Формы реальности. Очерки теоретической антропологии | страница 32
То единство близости и удаленности, которое есть в любом отношении между людьми, приобретает здесь вид констелляции, формулу которой самым кратким образом можно представить так: дистанция в отношениях означает, что близкое — далеко, тогда как чуждость означает, что дальнее — близко[85].
Тут очень важно то, что внутри принадлежащего мне абсолютного моего мира возникает Другой, чья отдельная от меня интенциональность как бы смешивается с моей и до конца от нее не отделяется.
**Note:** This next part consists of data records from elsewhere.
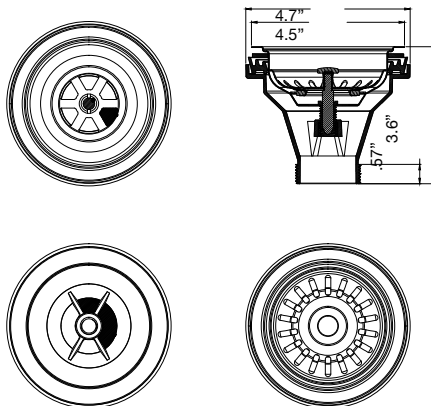

Faucet Hole Configurations available for this sink model

Optional Accessories

Bottom Sink Grid

Colander

Cutting Board

Std. Sink Strainer

Roller Mat
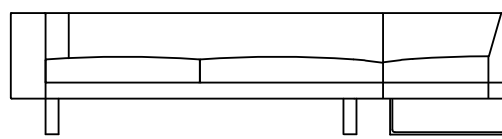

### WARRANTY

5 years

WOODMARK  
BY LUXMY FURNITURE

W 2480mm D 810mm H 680mm SH 420mm  
801 3 SETTEE

W 2310mm D 810mm H 680mm SH 420mm  
801 CHAISE

W 2640mm D 1660mm H 680mm SH 420mm  
801 2.5-SEATER CORNER LOUNGE

W 3120mm D 2140mm H 680mm SH 420mm  
801 3-SEATER CORNER LOUNGE

W 1300mm/1600mm D 700mm H 200/350mm

801 COFFEE TABLE

\*H200mm Aluminium base only

H350mm Timber base only
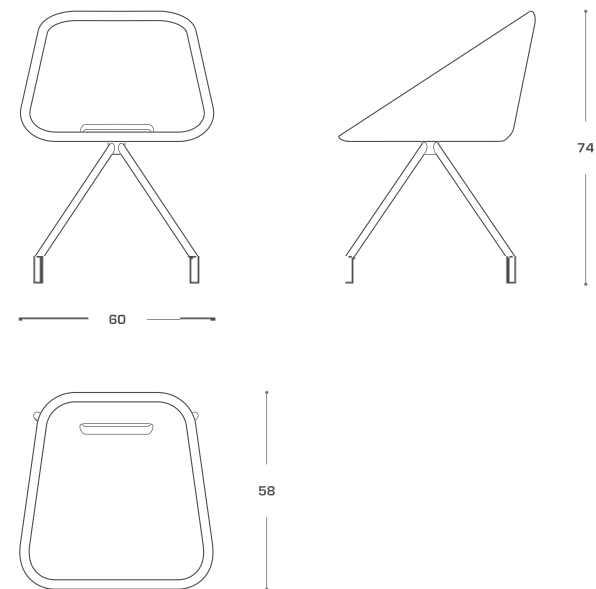

KIRMIZI
BY ALP NUHOĞLU

KIRMIZI BY ALP NUHOĞLU

Designed by Alp Nuhoğlu

Description An eye-catching design suitable for various environments
Upholstery Fabric. Artificial leather. Genuine leather
Moulded foam Injected polyurethane
Structure Built in metal framework with steel springs
Legs Chrome. Matt chrome. Black. White. Grey

S. height 44cm
T. height 74cm
Length 60cm
Depth 48cm

KIRMIZI BY ALP NUHOĞLU

CHAIR

ZON
INTERNATIONAL

tel: +44 (0)20 8381 1222 sales@zon.co.uk www.zon.co.uk
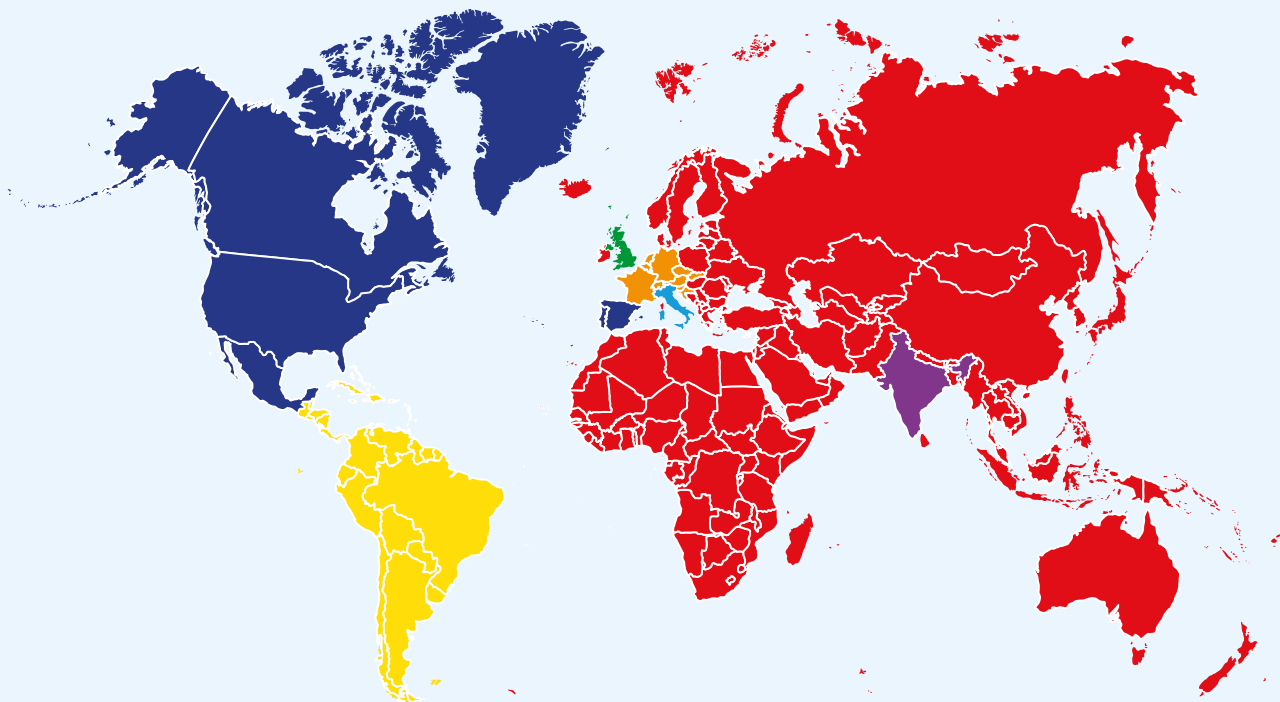

MORE INFO >>

MADE IN ITALY

ECO

LONG-
LASTING

USER
FRIENDLY

**T BLUSTAR
HEADQUARTER**
marketing@tblustar.com

MICHEL SCHMITZ
North Europe
+39 331 6426421
schmitz.m@tblustar.com

JOSÉ DÁVILA BRACHO
+52 (81) 1586 5856
sales.us@tblustar.com
for USA/Canada
sales.mx@tblustar.com
for Portugal/Spain/Mexico

YORKKY CHAVALAK
Central & South America
(no mexico)
Caribbean islands
+57 300 393 6191
yorkky@tblustar.com

SIMONETTA LONGO
Responsabile vendite
Nord & Centro Italia
+39 339 789 8967
longo.s@tblustar.com
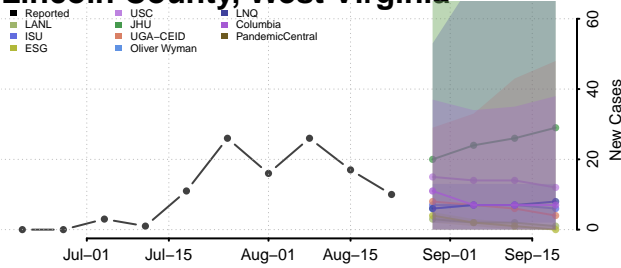

Lincoln County, West Virginia
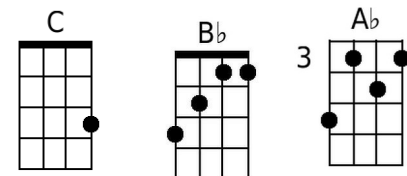

It's a Jungle Out There (Randy Newman, 2003)

It's A Jungle Out There by Randy Newman - Theme from Monk TV Show – Key of C

Intro: Cm G7 Cm G7

Cm **D7**

It is a jungle out there, disorder & con-fusion everywhere

G7 C Bb Ab C7

Or this world we love so much -- might just kill you

C7 C#°7 Caug C7

I could be wrong now, ___ but I don't think so!

Fm C7 Fm

'Cause it is a jungle out there

C7 Fm Gm7 Ab Gm7 Fm

It's a jungle out there & **Fm X888**
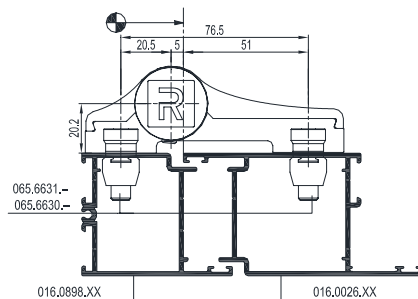

CP 59-Pa

Die dazugehörigen Katalogunterlagen finden Sie hierzu im Anhang.
Bitte ergänzen Sie Ihre Kataloge um diese Seiten.
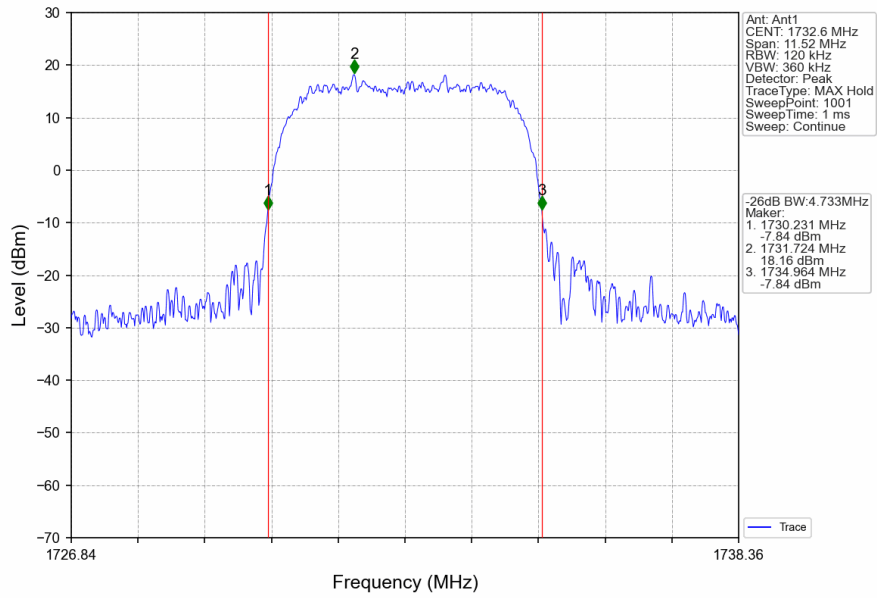

## 2.2.2 Test Graph

Band4\_RMC\_HCH\_1752.6MHz\_12.2kbps RMC\_NTNV

Band4\_HSDPA\_LCH\_1712.4MHz\_Subtest 1\_NTNV

Band4\_HSDPA\_MCH\_1732.6MHz\_Subtest 1\_NTNV

Band4\_HSDPA\_HCH\_1752.6MHz\_Subtest 1\_NTNV

### 3. 99% & 26dB Bandwidth
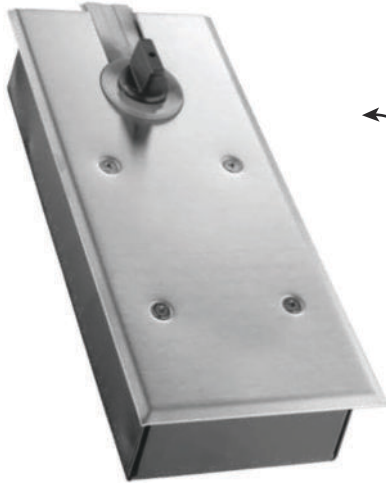

FS-9400-W/O STD
₹13,580

Maximum Door Weight: upto 65kg-200kg
Maximum Door Width: upto 1200mm
Power adjustable

3 Years WARRANTY

Upto 65 Kg-200kg

Weight Carrying Capacity

Slim Type

GLASS FITTINGS (FLOOR SPRINGS)

Single Cylinder Floor Spring for Small Glass Doors, EN3

Single Cylinder Floor Spring for Glass Doors, EN3

Product Set includes

*Patch fittings will not be sold individually.

Upto
55 Kg

Upto
70 Kg

Weight Carrying Capacity

Происходит странный синтез моего и чужого. Это внутреннее дистанцирование меня от меня же как Другого открывает путь для интерсубъективности. Иные субъекты, заселяющие внешний мир, присваиваются мной как «аналоги» меня самого, отчужденного от себя. Присвоение Другого, чужой интенциональности, ее вбирание в собственную и производит, по мнению Гуссерля, несомненность объективного мира, в равной мере доступного всем и предназначенного всем: «Факт опыта относительно Чужого (Не-Я) предстает как опыт некоторого объективного мира и при этом опыт Другого (Не-Я в форме: Другое Я)»[86] (…der Erfahrung von Fremdem (Nicht-Ich) liegt vor als Erfahrung von einer objektiven Welt und darunter von Anderen (Nicht-Ich in der Form: anderes Ich…)[87].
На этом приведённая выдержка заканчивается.